DATA LISTING
----
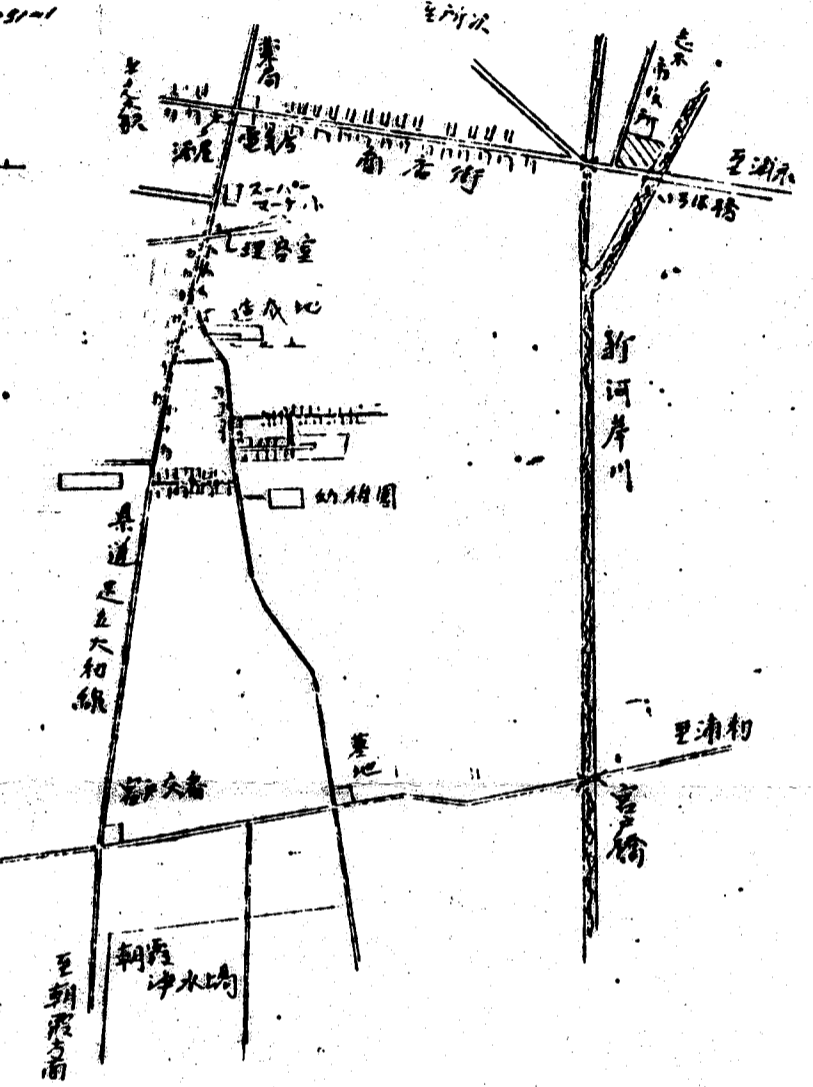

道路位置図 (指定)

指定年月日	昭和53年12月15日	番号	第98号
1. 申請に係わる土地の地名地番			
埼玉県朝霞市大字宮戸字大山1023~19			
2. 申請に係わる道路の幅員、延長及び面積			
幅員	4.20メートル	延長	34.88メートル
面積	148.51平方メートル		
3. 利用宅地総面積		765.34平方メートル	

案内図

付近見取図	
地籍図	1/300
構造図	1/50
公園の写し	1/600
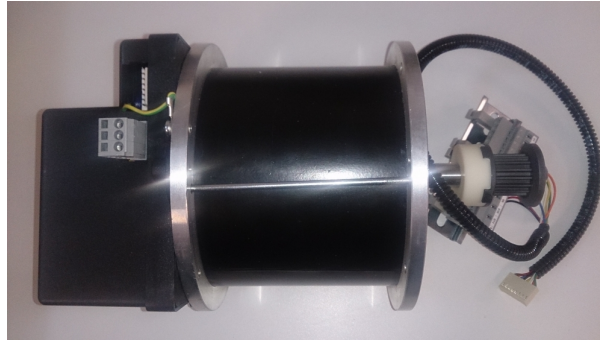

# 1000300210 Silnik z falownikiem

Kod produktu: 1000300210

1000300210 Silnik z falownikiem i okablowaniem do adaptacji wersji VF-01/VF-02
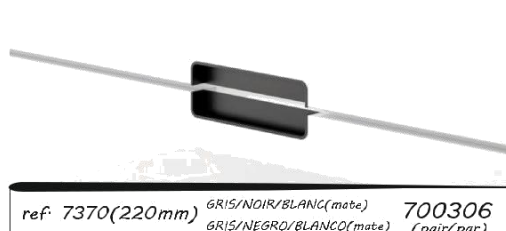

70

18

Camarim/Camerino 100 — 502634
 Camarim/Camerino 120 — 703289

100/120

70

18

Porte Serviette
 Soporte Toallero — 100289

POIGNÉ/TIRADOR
----
ASSIGNMENT
Within the listing above, filter for lines holding the string "Silnik" and copy each one.

OUTPUT OF THE EXERCISE
# 1000300210 Silnik z falownikiem
1000300210 Silnik z falownikiem i okablowaniem do adaptacji wersji VF-01/VF-02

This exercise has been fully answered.